Each line with the word "fotkryss" must appear in the answer, copied from the records.

» DATASET RECORDS

⟨

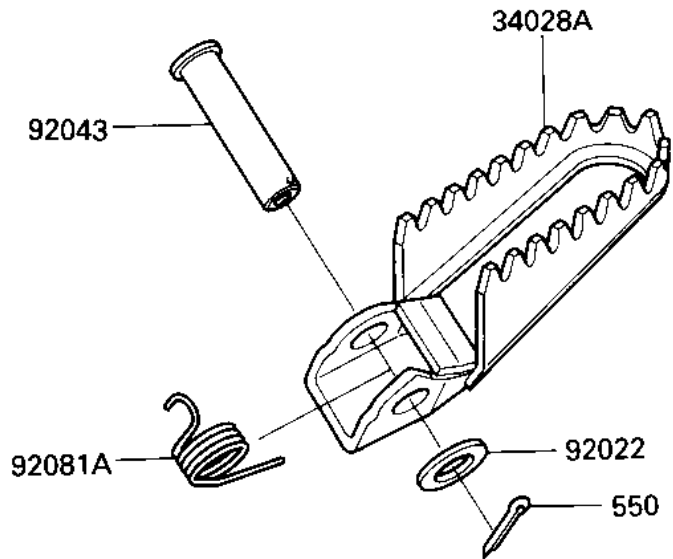

# 1984 KX250 PARTS DIAGRAM

FOOTRESTS ('84 KX250-C2)

F2160-0107

# 1984 KX250 PARTS LIST

FOOTRESTS ('84 KX250-C2)

ITEM NAME	PART NUMBER	QUANTITY
STEP,LH (Ref # 34028)	34028-1104	1
STEP,RH (Ref # 34028A)	34028-1105	1
WASHER,PLAIN (Ref # 92022)	92022-239	2
PIN,10X37.5 (Ref # 92043)	92043-1217	2
SPRING,STEP,LH (Ref # 92081)	92081-1606	1
SPRING,STEP,RH (Ref # 92081A)	92081-1607	1
PIN,COTTER (Ref # 550)	550D2018	2
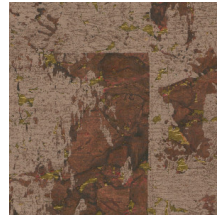

Especificaciones técnicas

Referencia	<u>48044</u> • Antique Gold
Categoría de producto	Exquisite
Composición	Revestimiento mural natural sobre base no tejida
Descripción	Gran patrón geométrico con una fina capa de corcho y un sutil brillo metálico
Dimensiones	Ancho 90 cm / se vende por metro lineal
Case	Case salteado 64/32 cm
Pegamento	Arte Clearpro o una cola de dispersión de buena calidad
Cómo encolar	Encolar la pared
Resistencia a la luz	Buena resistencia a la luz
Cómo retirar	Arrancable en seco
Certificado ignífugo EU	B-s1, d0
Certificado ignífugo US	Class A
Mantenimiento	Durante la colocación se puede utilizar una esponja húmeda (retirar las manchas de cola fresca)

Colores (7)

48040

48041

48042

48043

48044

48045

48046
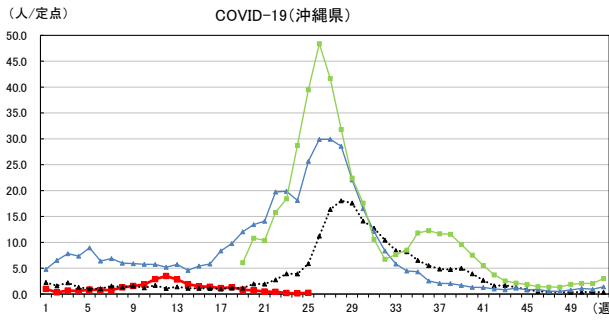

# 2026年 週別定点当たり報告数

〔 沖縄県: 2026年第25週現在  
 全国: 2026年第25週現在 〕

— 2026年    ··· 2025年    — 過去5年間の平均※1  
 — 2024年※2    — 2023年※2

\*1過去5年間の平均: 前週、当該週、後週の合計15週の平均

COVID-19の定点による報告は2023年第19週より

# 2026年 週別定点当たり報告数

沖縄県: 2026年第25週現在  
 全国: 2026年第25週現在

— 2026年    ··· 2025年    — 過去5年間の平均※1  
 — 2024年※2    — 2023年※2

\*1過去5年間の平均: 前週、当該週、後週の合計15週の平均

# 2026年 週別定点当たり報告数

〔 沖縄県: 2026年第25週現在  
 全国: 2026年第25週現在 〕

— 2026年    ··· 2025年    — 過去5年間の平均※1  
 — 2024年※2    — 2023年※2

\*1過去5年間の平均: 前週、当該週、後週の合計15週の平均
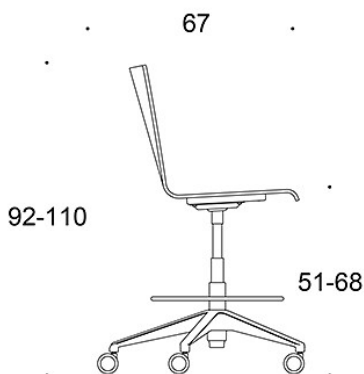

Armlene i svart plast.

Hjul for harde eller myke gulv.

PRODUKTKODE:

2805R (RC/RBC/RD/RG/RXY) = fotkryss med hjul, uten trekk, uten armstøtte

2806R (RC/RBC/RD/RG/RXY) = fotkryss med hjul, uten trekk, med armstøtte

C = setetrekk

B = ryggtrekk

D = heltrukket

G = vippefunksjon

XY = høy variant, fotring

TILBEHØR:

Glideføtter, vippefunksjon.

STOFF-FORBRUK:

0.5 m/stk

CO₂-UTSLIPP:

Form **2806R**: 56.54 kg CO₂e

Tegning:

2805R

2806R

2805RXY

2806RXY

⟩

» RESPONSE
2805R (RC/RBC/RD/RG/RXY) = fotkryss med hjul, uten trekk, uten armstøtte
2806R (RC/RBC/RD/RG/RXY) = fotkryss med hjul, uten trekk, med armstøtte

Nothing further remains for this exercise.